(Records from a dataset)
────
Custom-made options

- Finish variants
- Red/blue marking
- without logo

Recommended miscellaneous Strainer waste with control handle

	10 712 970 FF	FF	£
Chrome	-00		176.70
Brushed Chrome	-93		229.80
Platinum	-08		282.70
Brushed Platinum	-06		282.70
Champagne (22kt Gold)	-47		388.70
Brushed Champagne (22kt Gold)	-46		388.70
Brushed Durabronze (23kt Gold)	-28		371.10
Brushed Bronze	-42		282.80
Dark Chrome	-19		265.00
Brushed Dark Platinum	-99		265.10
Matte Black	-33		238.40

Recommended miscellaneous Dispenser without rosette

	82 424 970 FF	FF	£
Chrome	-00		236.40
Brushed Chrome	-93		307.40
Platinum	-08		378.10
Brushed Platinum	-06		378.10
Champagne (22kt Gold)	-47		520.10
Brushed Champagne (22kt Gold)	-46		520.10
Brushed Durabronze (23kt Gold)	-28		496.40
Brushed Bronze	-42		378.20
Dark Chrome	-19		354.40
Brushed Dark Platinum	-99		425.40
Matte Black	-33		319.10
────
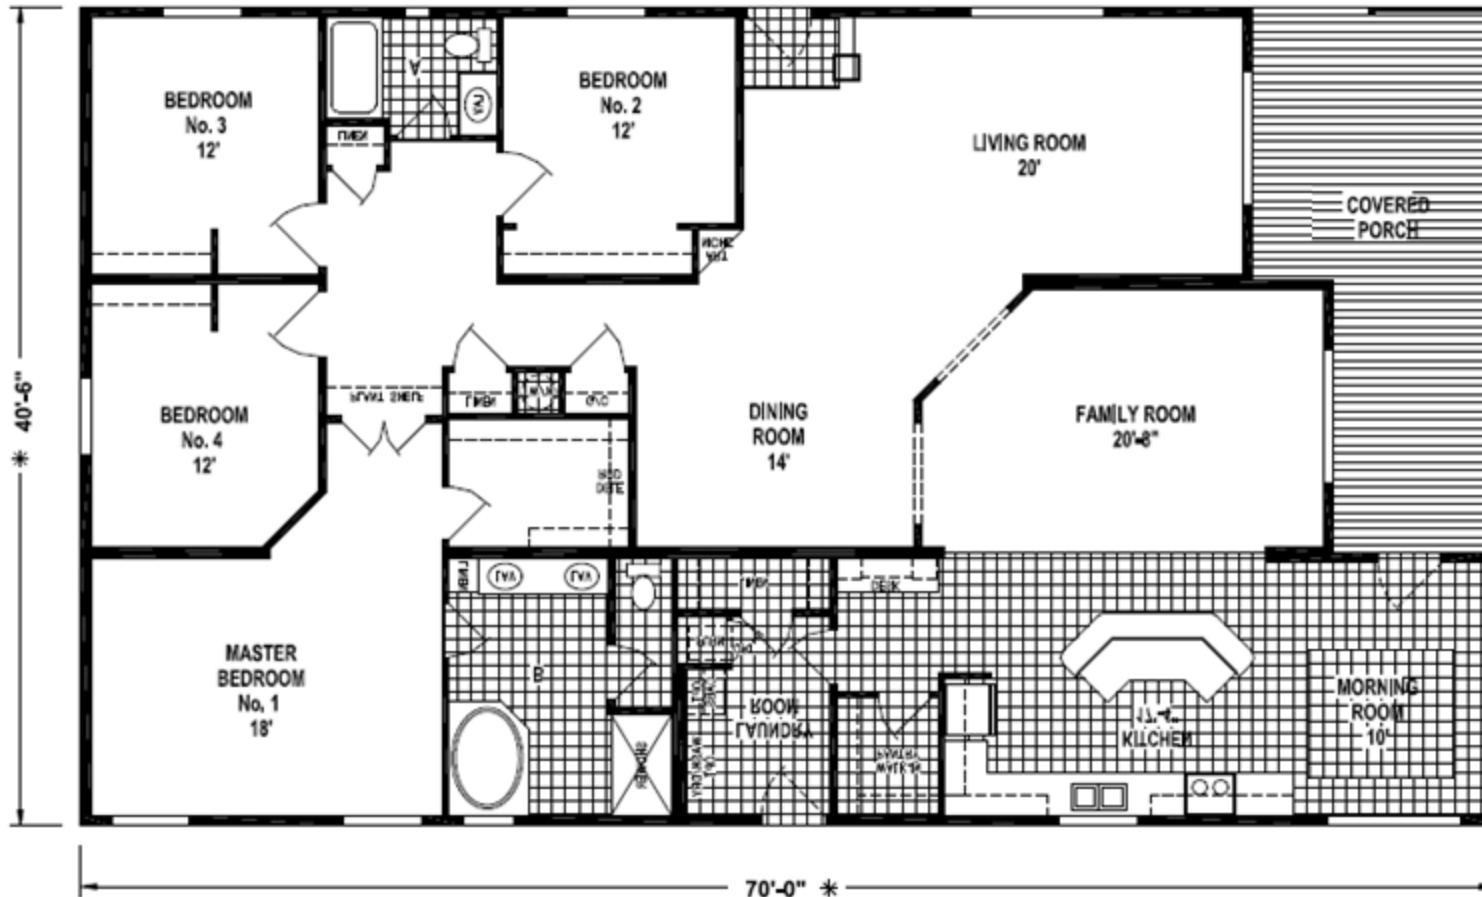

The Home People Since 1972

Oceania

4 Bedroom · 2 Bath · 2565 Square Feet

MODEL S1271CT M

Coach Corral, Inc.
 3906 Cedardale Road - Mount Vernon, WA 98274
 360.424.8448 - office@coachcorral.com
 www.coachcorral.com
────
* **EXERCISE GOAL**
Find the line with "MODEL S1271CT M" in the entries above. Retype it and each line after it, exactly, through the line with "www.coachcorral.com", and stop there.

* **SOLVED EXERCISE**
MODEL S1271CT M

Coach Corral, Inc.
 3906 Cedardale Road - Mount Vernon, WA 98274
 360.424.8448 - office@coachcorral.com
 www.coachcorral.com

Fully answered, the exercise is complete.